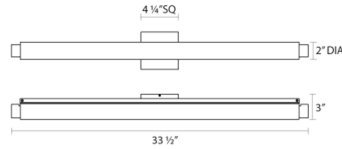

### Dimensions

Height:	4.25"
Width:	33.5"
Extends:	3"
Minimum Extension:	3"
Maximum Extension:	3"
Shape:	Drum Trim
Size:	32"
Canopy/Backplate/Base Depth:	4.25
Canopy/Backplate/Base Height:	4.25
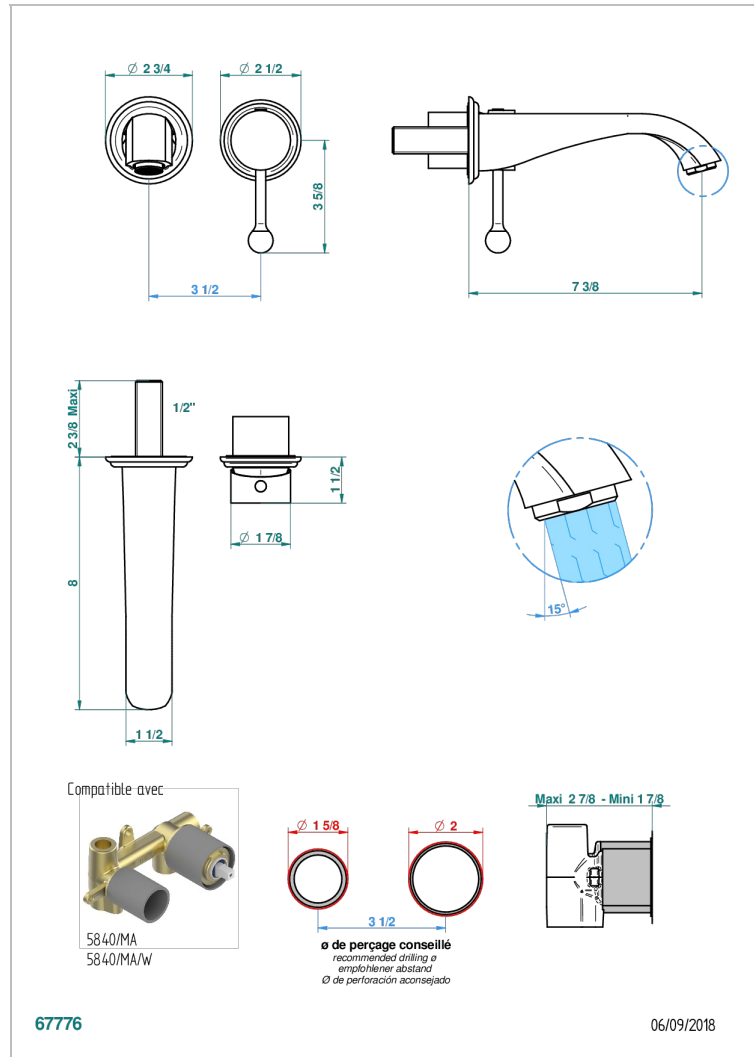

# PETALE DE CRISTAL - CRISTAL CLARO

U6A-6541B

Trim only for Built-in basin mixer with spout (two x 1/2" inlets and one 1/2" outlet), without waste

## CARACTERÍSTICAS

- Pétale de Cristal - cristal claro
- Trim only for Built-in basin mixer with spout (two x 1/2" inlets and one 1/2" outlet), without waste

## PRODUCTOS RELACIONADOS

- Ref. G00-5840/MA Parte empotrada para mezclador mural con salida hembra 1/2

Task: The exact lines from the one containing "- Trim only" through the end of the listing above are the expected output; include nothing else.

Exercise answer:
- Trim only for Built-in basin mixer with spout (two x 1/2" inlets and one 1/2" outlet), without waste

## PRODUCTOS RELACIONADOS

- Ref. G00-5840/MA Parte empotrada para mezclador mural con salida hembra 1/2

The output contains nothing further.